More clangs sounded.
Alisa did not know if Mica was fixing something or simply taking out her irritation by banging on the hatch.
“Strap yourself in, Abelardus,” she said as the swamplands grew larger and more distinct ahead of them. “I don’t want you falling in my lap the next time we get hit.”
“You sure that wouldn’t excite you?” he asked, sliding into the co-pilot’s seat.
Alisa grimaced, regretting that she hadn’t told him to lock himself in his cabin instead. But they had reached land, and she was too busy flying to retort.
Tall gray stalks rose up from the moist ground, some towering forty or fifty feet. They did not have branches or leaves, instead reminding her of stalagmites. The water had a sickly grayish tint that matched everything else in the moon’s bleak wilderness.

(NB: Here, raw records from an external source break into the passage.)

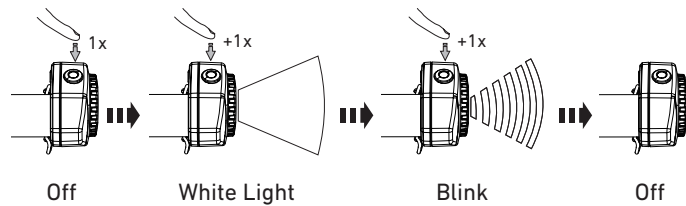

LEDLENSER CU2R

White Mode

Red Mode

Transportation Lock

Obsah je uzamčen

Dokončete, prosím, proces objednávky.

Následně budete mít přístup k celému dokumentu.

Proč je dokument uzamčen? Nahněvat Vás rozhodně nechceme. Jsou k tomu dva hlavní důvody:

Not seeing any promising mountains or buttes to swoop around, she flew low over a lake.
“I’ll try to distract her gunner into—ah.” Abelardus frowned. “They’re launching another torpedo.”
Several of the fungal stalks rose up from the water, each between five and ten feet thick, and Alisa weaved in and out around them, hoping the torpedo might strike them instead of her freighter. She had no idea if they had the mass and density of trees, or if a torpedo would cut right through them without exploding. A faint shudder went through the
Nomad
as she brushed one with the edge of her shield.